Как показали Ж. Дюбуа и его коллеги, риторика строится на отклонении от языковой нормы и редукции к ней [Общая риторика 1986: 62–91]. В основу этой теории положен когнитивный динамизм, устанавливающий непосредственную связь между цикличностью насилия и его временного откладывания в использовании языка. Р. Цур предположил, что насилие над когнитивными процессами лежит в основе поэтики [Tsur 2008]. Эти теории развивают идеи структуралистов от Ф. Де Соссюра до В. Б. Шкловского о системе как формальной динамической структуре и отклонении от нее или, другими словами, о деавтоматизации. Однако, привнося в этот формализм принцип насилия, они позволяют рассматривать событие порождения риторической и поэтической фигуры как генеративную сцену, подлежащую уже аналитике Ганса. Риторический или поэтический знак, то есть знак второго уровня, возникает из сорванного жеста присвоения (насильственного разрушения) знака первого уровня, превращенного в объект миметического желания. В этой модели значение риторического знака совпадает с редукцией, в терминах Дюбуа, или репрезентацией, в терминах Ганса, а откладывание насилия совпадает с пониманием и интерпретацией значения.
Теперь осталось сделать последний шаг: поскольку порождение риторического знака может рассматриваться как генеративная сцена, оно может быть понято как событие, акторы которого колеблются между своей реализованностью, данностью – и отклонением от реализации, то есть являются героями их микромифов. Будучи перефразировано в этом ключе, лосевское определение мифа будет звучать следующим образом: миф – это блокированный жест насильственного отклонения от самореализации героя.
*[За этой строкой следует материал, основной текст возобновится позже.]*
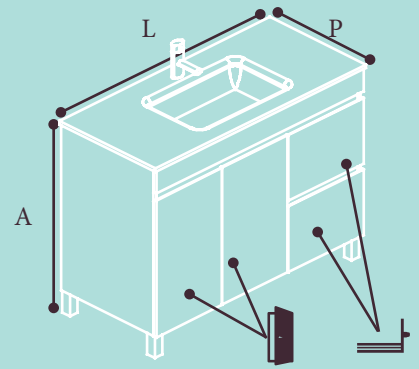

Frente de gavetas e portas
Front drawers and doors | Façades de tiroirs et portes | cajones y puertas delanteras

Lacado
Lacquered | Laqué | Lacado

Folheado
Veneer | Plaqué | Chapa de madera

Melamina
Melamine | Mélamine | Melamina

Corpo do móvel
Cabinets body | Corps du meuble | Cuerpo del mueble
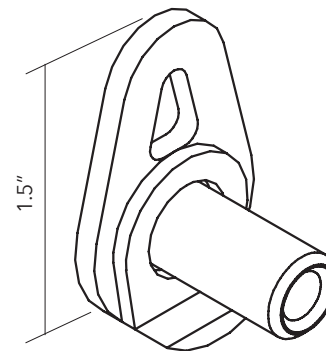

Kit includes: (4) magnets, (4) steel polished steel plates and (4) double-sided clear adhesive tape discs

Please specify panel connection brackets and caps separately. Refer to page 52.

MITESCO WALL HANGING - OPTIONAL

LIST PRICE: \$15.00

PANEL SIZE	PART #	QTY	FINISH
FITS ALL 3 SIZES	40021029	1 PER PANEL	SILVER GRAY

Please specify panel connection brackets and caps separately. Refer to page 52.

Note: This wall hanging component is optional and not required when specifying MITESCO wall panels.
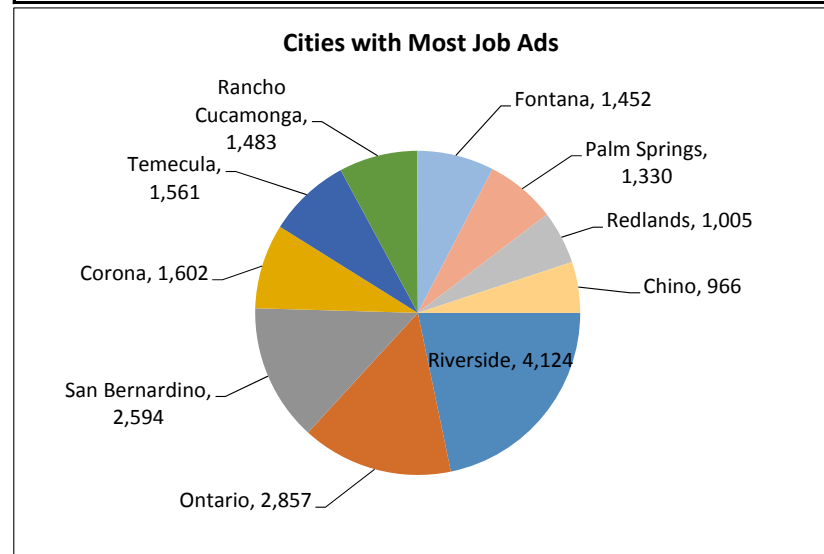

Recent Job Ads for Riverside San Bernardino Ontario MSA Not Seasonally Adjusted - October 2017

Note: The data provided does not suggest that the occupations of the unemployed directly align with the occupations of the advertised vacancies.
Sources: Employment Development Department, Labor Market Information Division; Help Wanted Online from The Conference Board and WANTED Technologies
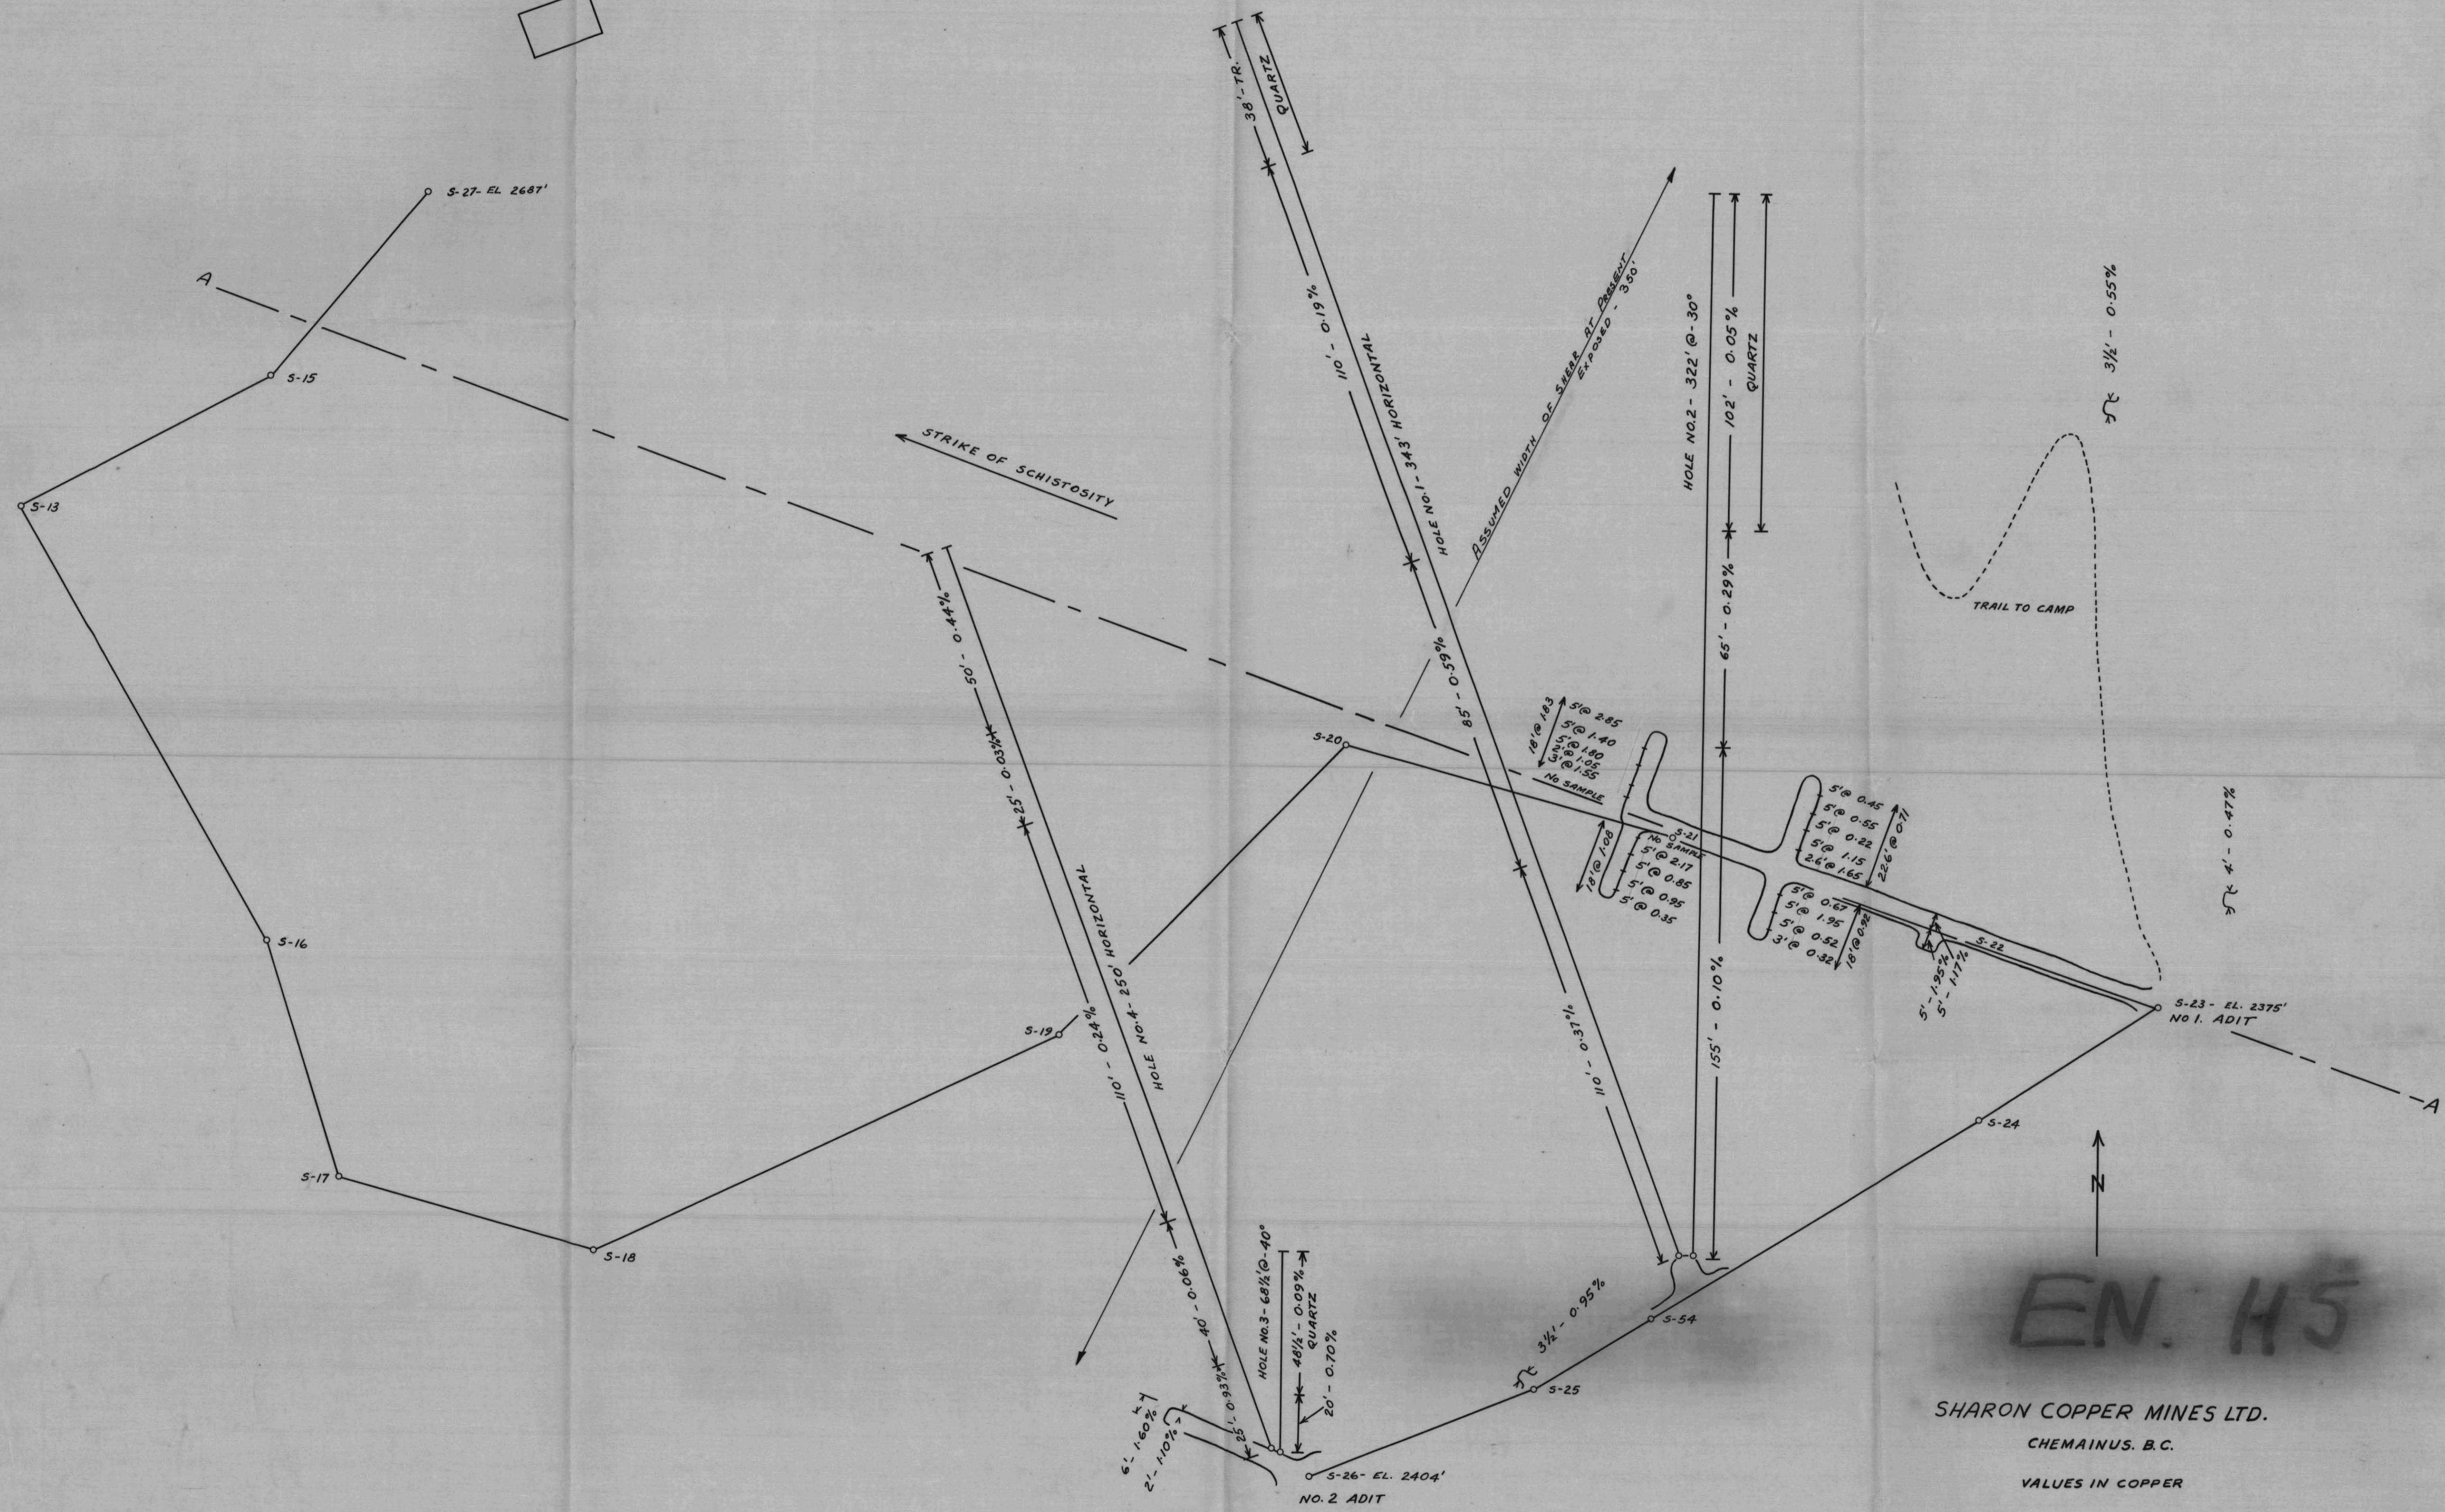

E+N 92B/13W  
 Pauper 92B/NW-40

CAMP

EN. 115

SHARON COPPER MINES LTD.

CHEMAINUS, B.C.

VALUES IN COPPER

SCALE - 1" = 20'

005543

Риторическая редукция в мифе есть возвращение к смыслу как к источнику и началу, которое есть также реализация трансцендентальной цели в эмпирической истории, то есть чудо. С этой точки зрения нетрудовой характер чуда проявляется в том, что риторическая фигура совершает, по сути, холостой ход, редуцируя отклонение языка и возвращая понимание в ту же точку, в которой оно находилось изначально, что соответствует детерминистической природе мифа. С другой стороны, между двумя совпадающими точками источника и цели мифологического героя располагается нарратив его реализации, сюжет, который, как показал Рикёр [Рикёр 1999], миметически формирует временное измерение, реконфигурирует картину реальности и приводит к познанию обновленной, метафорической, шире – риторической или поэтической истины [Ricoeur 1978]. Другими словами, холостой ход риторического цикла может быть представлен как событие, составляющее основу (и генеративную сцену) микромифа.